[What you should do]: If a line in the records contains the word "Product", count it; state the resulting number and nothing more.

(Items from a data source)

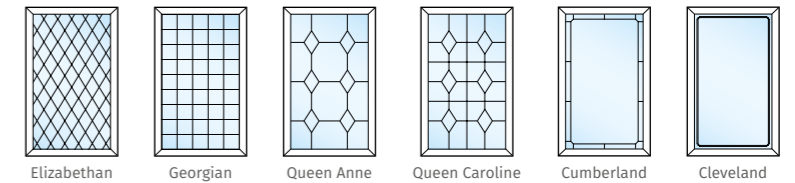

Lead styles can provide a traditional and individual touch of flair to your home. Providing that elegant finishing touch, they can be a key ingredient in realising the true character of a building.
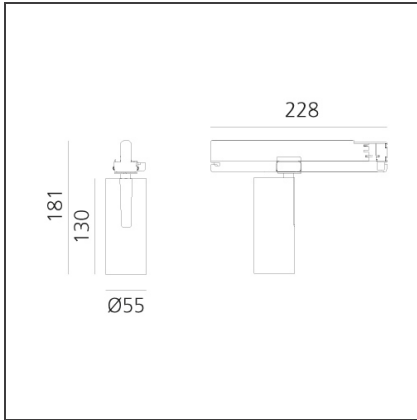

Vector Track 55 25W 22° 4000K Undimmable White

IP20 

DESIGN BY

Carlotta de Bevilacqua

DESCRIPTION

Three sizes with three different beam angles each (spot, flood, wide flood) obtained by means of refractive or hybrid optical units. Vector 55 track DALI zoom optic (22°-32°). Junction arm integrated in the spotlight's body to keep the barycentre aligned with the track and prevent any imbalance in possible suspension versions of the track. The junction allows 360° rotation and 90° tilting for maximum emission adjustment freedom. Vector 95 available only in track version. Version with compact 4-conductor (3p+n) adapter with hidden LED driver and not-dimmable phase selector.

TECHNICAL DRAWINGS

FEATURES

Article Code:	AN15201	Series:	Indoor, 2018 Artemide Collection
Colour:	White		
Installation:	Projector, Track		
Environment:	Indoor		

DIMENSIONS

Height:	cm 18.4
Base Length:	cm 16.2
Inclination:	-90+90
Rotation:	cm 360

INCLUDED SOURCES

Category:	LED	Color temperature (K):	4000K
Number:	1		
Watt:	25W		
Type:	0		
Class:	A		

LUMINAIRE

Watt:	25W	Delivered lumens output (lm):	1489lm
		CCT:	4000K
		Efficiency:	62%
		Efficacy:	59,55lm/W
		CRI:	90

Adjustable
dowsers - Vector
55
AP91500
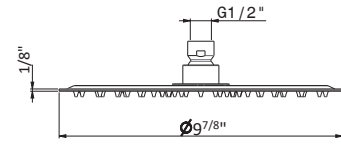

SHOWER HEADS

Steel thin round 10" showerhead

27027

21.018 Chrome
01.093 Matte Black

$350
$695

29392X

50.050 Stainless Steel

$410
---
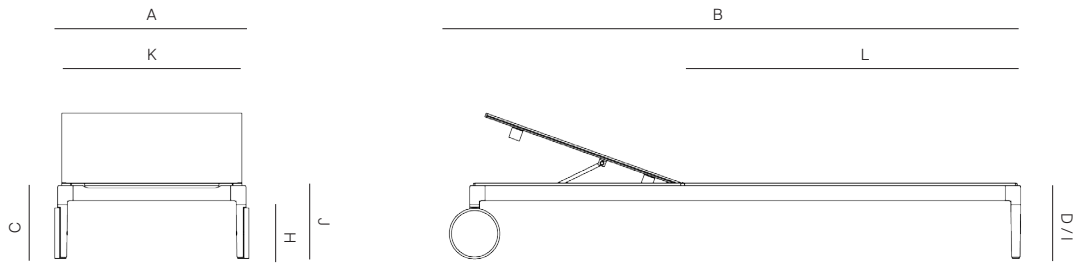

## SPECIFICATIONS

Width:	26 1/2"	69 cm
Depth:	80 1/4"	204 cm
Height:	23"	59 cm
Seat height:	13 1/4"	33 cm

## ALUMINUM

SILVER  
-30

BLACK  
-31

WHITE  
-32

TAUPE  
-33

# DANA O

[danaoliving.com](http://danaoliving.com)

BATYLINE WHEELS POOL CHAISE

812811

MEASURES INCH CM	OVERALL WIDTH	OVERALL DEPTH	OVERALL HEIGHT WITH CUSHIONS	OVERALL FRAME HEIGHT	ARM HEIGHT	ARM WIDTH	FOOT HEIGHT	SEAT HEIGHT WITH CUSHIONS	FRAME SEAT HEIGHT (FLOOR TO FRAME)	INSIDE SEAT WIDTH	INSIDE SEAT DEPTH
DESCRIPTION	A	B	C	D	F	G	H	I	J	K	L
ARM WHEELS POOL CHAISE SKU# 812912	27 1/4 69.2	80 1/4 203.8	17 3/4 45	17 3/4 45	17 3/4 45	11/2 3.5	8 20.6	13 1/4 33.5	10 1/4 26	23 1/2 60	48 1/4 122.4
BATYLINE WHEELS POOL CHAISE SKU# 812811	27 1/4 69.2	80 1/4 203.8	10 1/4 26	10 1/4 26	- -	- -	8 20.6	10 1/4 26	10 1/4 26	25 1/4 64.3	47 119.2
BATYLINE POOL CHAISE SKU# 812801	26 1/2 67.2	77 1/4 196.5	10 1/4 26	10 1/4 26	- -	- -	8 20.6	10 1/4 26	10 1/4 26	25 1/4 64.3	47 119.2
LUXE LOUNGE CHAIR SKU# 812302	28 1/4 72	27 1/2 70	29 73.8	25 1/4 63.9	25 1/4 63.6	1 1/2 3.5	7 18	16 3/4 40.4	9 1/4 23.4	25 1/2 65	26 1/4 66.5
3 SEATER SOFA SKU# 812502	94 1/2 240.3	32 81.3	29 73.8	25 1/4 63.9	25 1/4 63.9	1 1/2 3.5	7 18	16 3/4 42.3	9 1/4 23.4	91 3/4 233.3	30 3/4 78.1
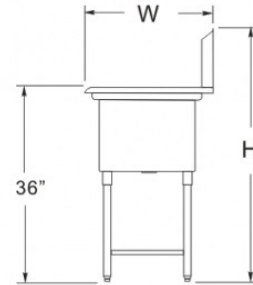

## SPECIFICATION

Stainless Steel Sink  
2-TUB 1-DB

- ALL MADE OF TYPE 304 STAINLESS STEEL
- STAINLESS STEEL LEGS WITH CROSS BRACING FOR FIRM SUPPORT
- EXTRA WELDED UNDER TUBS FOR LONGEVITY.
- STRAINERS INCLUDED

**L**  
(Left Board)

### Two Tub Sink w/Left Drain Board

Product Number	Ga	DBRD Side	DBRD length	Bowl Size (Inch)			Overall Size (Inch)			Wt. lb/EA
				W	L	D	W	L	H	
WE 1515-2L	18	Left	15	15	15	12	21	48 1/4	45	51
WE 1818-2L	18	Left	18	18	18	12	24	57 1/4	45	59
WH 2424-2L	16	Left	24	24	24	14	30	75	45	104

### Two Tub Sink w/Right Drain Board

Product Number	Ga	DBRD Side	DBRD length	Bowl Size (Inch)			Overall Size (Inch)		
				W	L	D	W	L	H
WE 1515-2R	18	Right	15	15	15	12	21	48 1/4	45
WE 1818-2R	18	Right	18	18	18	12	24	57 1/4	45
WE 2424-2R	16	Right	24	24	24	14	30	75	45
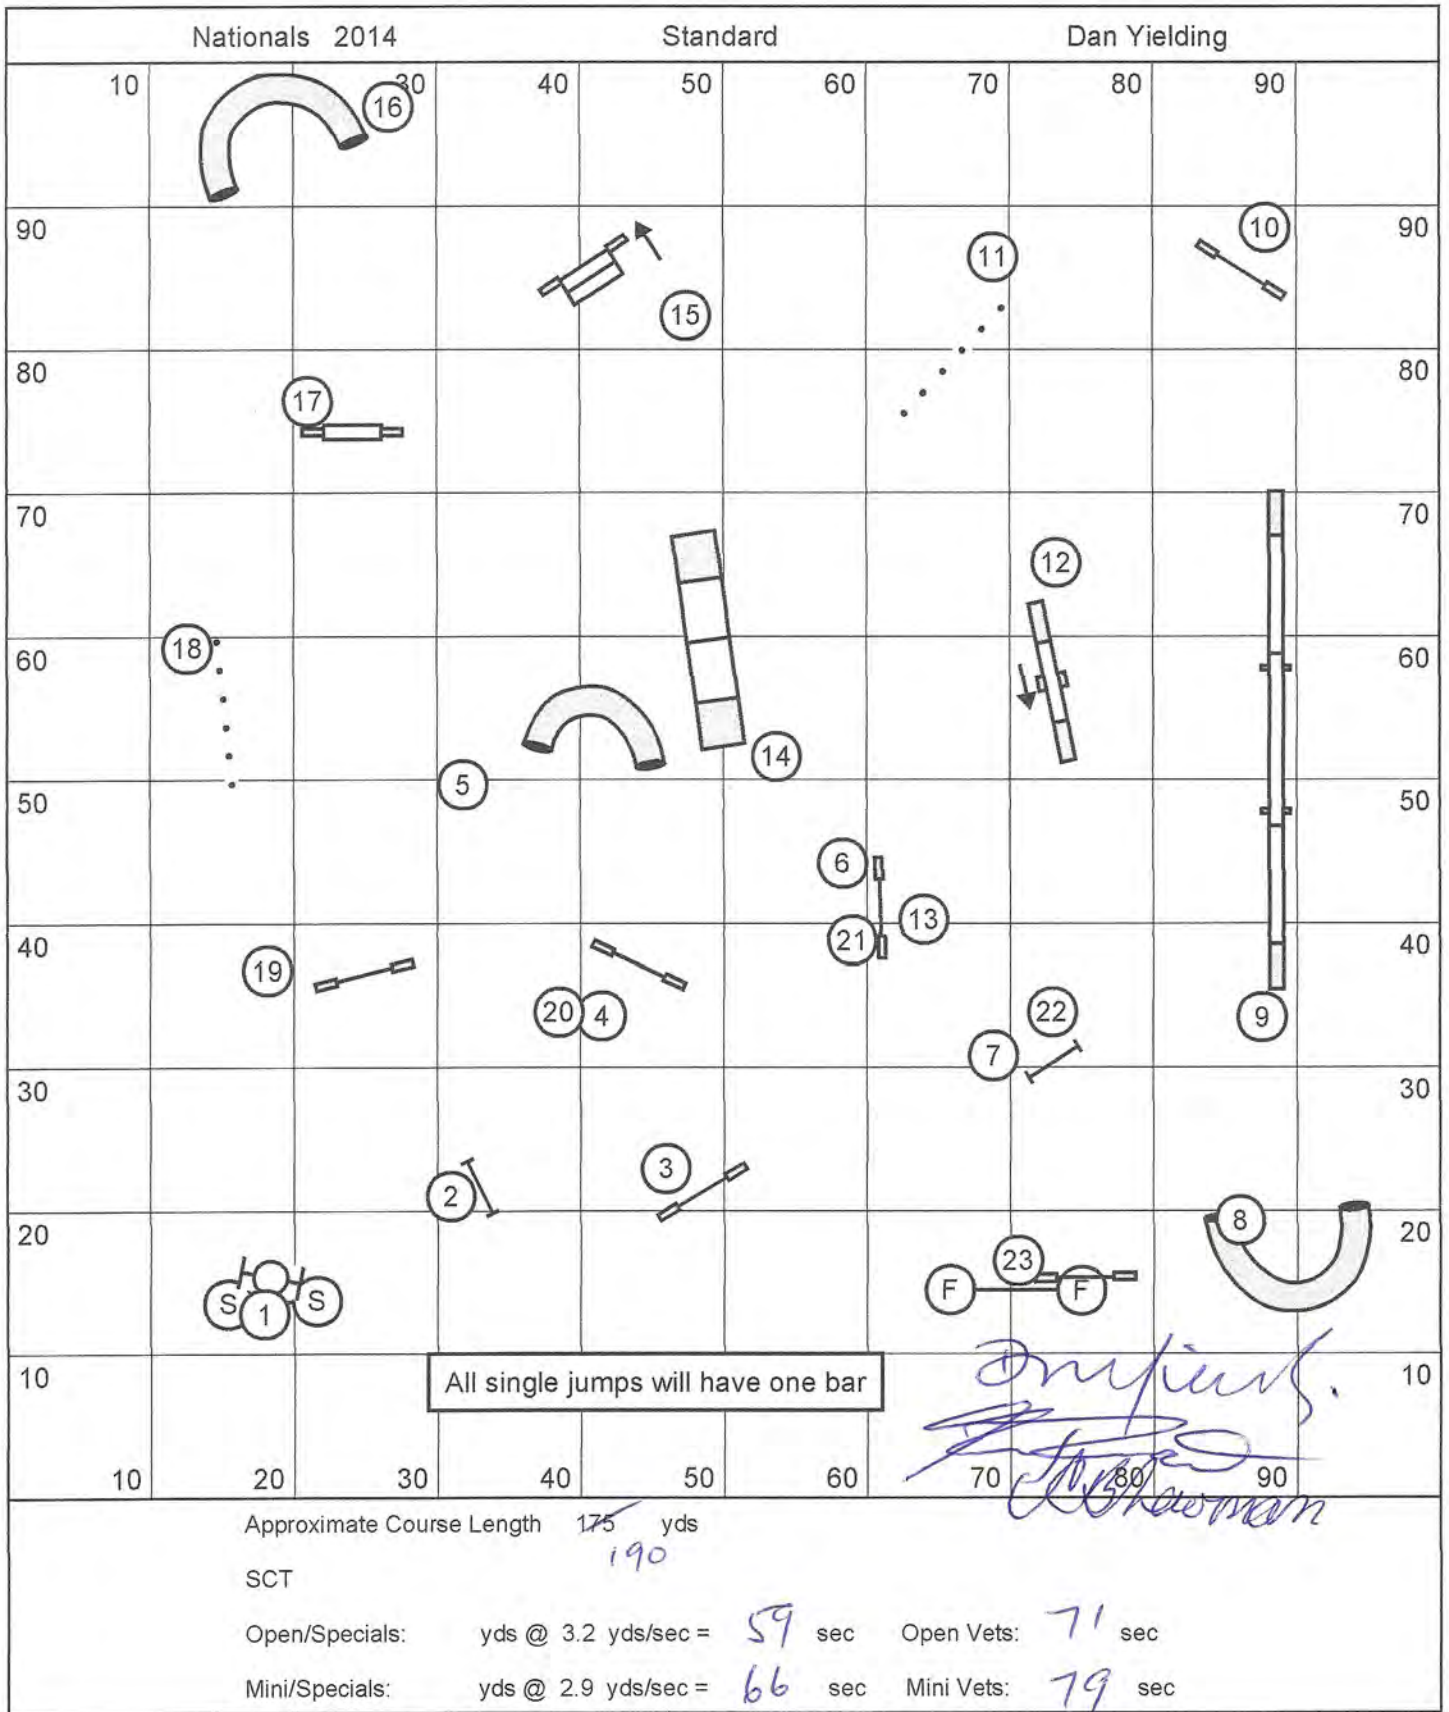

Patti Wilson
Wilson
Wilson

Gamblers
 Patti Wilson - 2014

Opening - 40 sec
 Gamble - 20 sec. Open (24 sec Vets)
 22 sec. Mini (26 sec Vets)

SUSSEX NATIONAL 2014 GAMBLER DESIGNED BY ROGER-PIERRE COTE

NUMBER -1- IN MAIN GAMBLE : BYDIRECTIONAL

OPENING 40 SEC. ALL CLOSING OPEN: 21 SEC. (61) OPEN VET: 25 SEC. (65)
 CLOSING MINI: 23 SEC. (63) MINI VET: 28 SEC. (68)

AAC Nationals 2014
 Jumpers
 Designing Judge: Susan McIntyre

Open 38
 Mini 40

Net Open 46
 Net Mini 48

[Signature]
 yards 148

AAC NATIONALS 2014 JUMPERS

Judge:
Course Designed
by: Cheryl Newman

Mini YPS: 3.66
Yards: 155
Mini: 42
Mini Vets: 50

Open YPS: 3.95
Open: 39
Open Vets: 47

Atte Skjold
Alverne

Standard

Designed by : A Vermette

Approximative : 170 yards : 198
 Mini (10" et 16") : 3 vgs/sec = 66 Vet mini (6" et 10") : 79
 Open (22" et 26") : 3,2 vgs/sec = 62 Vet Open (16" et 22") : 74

[Answer to this task]: 2